■ What is needed ■
Copy the lines below that contain "COLOR".

■ Provided entries ■
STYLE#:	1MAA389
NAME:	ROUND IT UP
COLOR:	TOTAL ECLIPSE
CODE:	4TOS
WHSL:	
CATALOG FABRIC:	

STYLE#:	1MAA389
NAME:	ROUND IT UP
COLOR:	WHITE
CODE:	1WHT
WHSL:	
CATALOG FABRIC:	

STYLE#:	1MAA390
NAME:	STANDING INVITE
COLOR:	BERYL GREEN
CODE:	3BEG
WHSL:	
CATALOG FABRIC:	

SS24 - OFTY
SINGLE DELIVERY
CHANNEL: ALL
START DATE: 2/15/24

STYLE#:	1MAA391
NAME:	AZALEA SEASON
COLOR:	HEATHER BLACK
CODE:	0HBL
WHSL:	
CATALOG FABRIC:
...
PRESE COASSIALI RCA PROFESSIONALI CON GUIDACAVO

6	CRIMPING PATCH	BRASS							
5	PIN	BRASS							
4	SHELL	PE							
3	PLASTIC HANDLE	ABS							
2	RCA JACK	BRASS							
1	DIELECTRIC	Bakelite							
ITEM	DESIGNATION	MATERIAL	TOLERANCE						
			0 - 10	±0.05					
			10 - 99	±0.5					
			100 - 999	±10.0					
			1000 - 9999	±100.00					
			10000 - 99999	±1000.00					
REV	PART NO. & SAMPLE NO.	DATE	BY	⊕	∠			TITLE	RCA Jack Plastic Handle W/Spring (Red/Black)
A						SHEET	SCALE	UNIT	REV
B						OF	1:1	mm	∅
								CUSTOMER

■ Exercise answer ■
COLOR:	TOTAL ECLIPSE
COLOR:	WHITE
COLOR:	BERYL GREEN
COLOR:	HEATHER BLACK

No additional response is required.